# Math Help - I need to know what this is called.

1. ## I need to know what this is called.

Hi, guys. We are learning about an an algebraic proportional equality (this is not what it is called, just a description of sorts) something in class right now, and I haven't been able to comprehend it. I asked my professor what it was called and he said it didn't really have a name and that it was just an application of different algebraic principles on ratios. So I don't know what to look for specifically online to discover comprehension on my own. My best idea thus far is to post an example here and see if you guys can point me in the right direction as to how to learn it. It just hasn't clicked with me yet, as it is a different way to think about algebra.
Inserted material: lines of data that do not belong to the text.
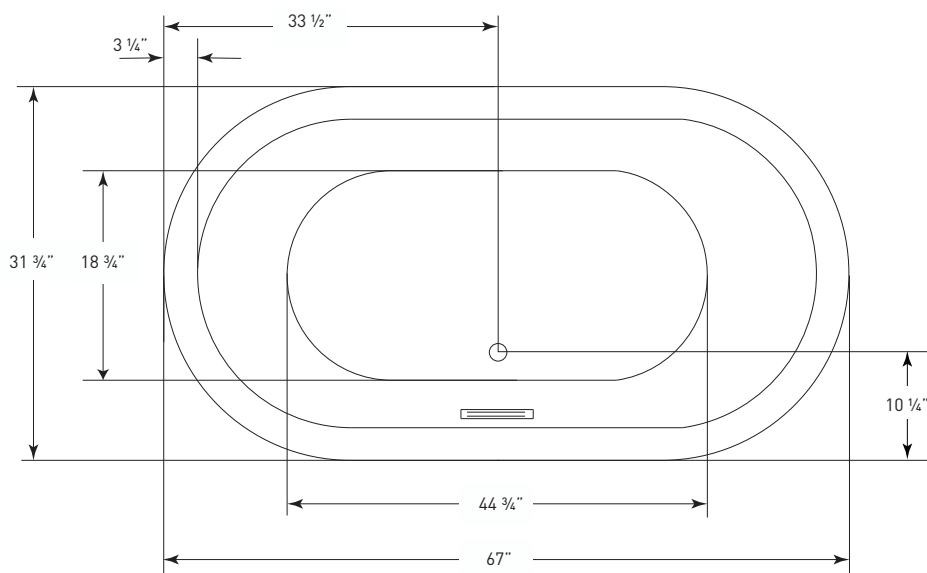

JETTA

Cosmo Collection

PANDORA

(J61) 67" x 32" x 23"

APPROX. OPERATING GALLONS: 62

FEATURES

- Sleek, contemporary look
- High-gloss / high-impact acrylic
- Leveling feet
- Angled backrest for comfort
- Integrated linear waste & overflow (standard chrome)
- White available

COLORS AVAILABLE

White

COSMO ABOVE FLOOR DRAIN KIT

- Freestanding tub rough-in
- Install before tile
- Designed to be installed in a 8" to 10" joist space
- Can be installed with waterproof membrane

Sold separately.
Not required for tub install

FOR INFORMATION OR
TO PLACE AN ORDER
CALL 1.800.288.7771

JETTACORP.COM

TECHNICAL SPECIFICATIONS

PANDORA J61

67" x 32" x 23" OVAL SOAKER

JETTACORP.COM

INSTALLATION: Measure tub before installing.
Dimensional variance on drawings may be +/- 1/2 inch and are subject to change without notice

So, here is an example (well, I will post a couple, one considered hard and one considered easy):

Given,
$\theta = \theta_\circ + \omega_\circ t + \frac{1}{2}\alpha t^2$

if you $\theta$ to $2\theta$ what would you to to $\alpha$ to make both sides equal?

And another:

Given,

$\frac{36 + xy}{uw} = z$

what would you do to $x$ to make both sides equal if we changed $z$ to $3z$? What about $w$?

I'm not looking for the answers here. I'm looking to understand. I know that you can't change the variables themselves (as in giving it an exponent), you have to add an additional coefficient beside them.

Any help?

2. (36 + xy) / (uw) = z

If I follow what you're saying, each side of the equation is multiplied by 3
(giving value 3z to right side), but only the x is affected on the left side.
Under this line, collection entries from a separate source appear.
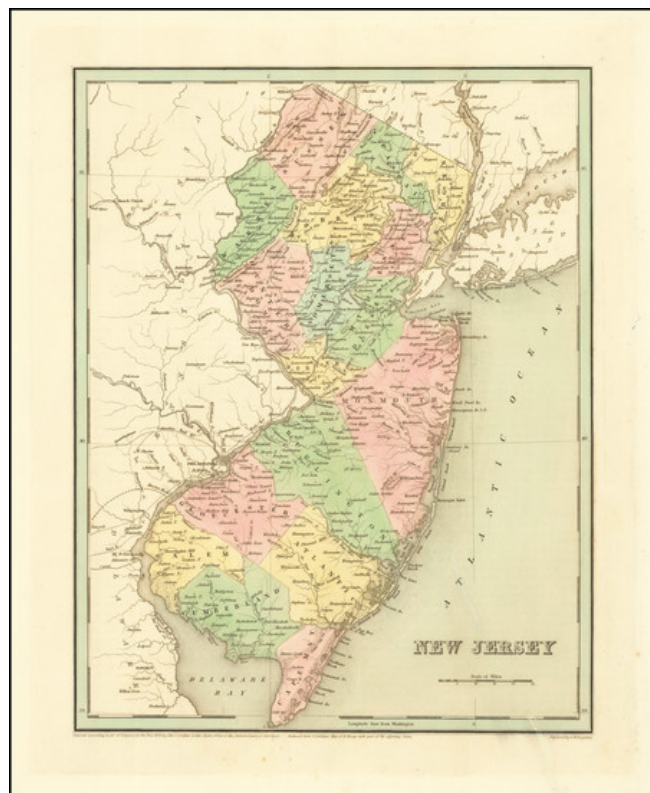

Barry Lawrence Ruderman Antique Maps Inc.

7407 La Jolla Boulevard
La Jolla, CA 92037

www.raremaps.com

(858) 551-8500
blr@raremaps.com

New Jersey

Stock#: 76278
Map Maker: Bradford
Date: 1838
Place: Boston
Color: Hand Colored
Condition: VG+
Size: 11.5 x 14.5 inches
Price: \$ 275.00

Description:

Nice example of the first edition of Bradford's map of New Jersey.

The map is hand colored by counties and shows very early railroads, towns, rivers, forts, post offices and other details. Bradford's atlas was a departure from other atlases of the period.

Along with HS Tanner, Bradford produced an elegant, well engraved large format atlas on high quality paper. The 1830s were a fascinating transitional period in the US and in domestic cartographic publishing. Bradford's work is without question an important part of this era. The maps were engraved by GW Boynton or S. Stiles, Sherman & Smith.

So we'll let x's new value = k:
(36 + ky) / (uw) = 3z
36 + ky = 3uwz
ky = 3uwz - 36
k = (3uwz - 36) / y

So the value of x needs to be changed to the equivalent of (3uwz - 36) / y

Best I can do for you; 1st time I see such a problem.

3. Thanks! I want to say that that is exactly how it is done, but I don't have the answers. Still, I believe you are right, and I understand exactly what you did. I resembles what he was doing on the board but in a way I can grasp, and I honestly don't see another way to approach it. Thanks again! I will try working the problems using this method. If I get them wrong, it will still help me learn it by understanding my errors.